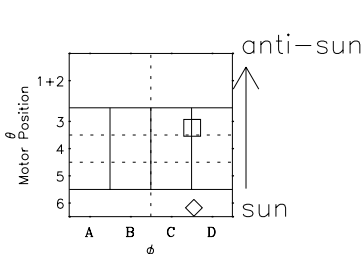

# Galileo EPD Real-Time Six-Sector 97242

Software Version: RTLINE\_R6 V 1.20  
Data Production: 06-03-00  
Plot Production: Sat Sep 15 22:31:33 2001

◇ = Jupiter look direction  
□ = Corotation look direction

***

Brief: The listing should be transcribed exactly. No picture is to appear in the transcription.

Response to the exercise:
# Galileo EPD Real-Time Six-Sector 97242

Software Version: RTLINE\_R6 V 1.20  
Data Production: 06-03-00  
Plot Production: Sat Sep 15 22:31:33 2001

◇ = Jupiter look direction  
□ = Corotation look direction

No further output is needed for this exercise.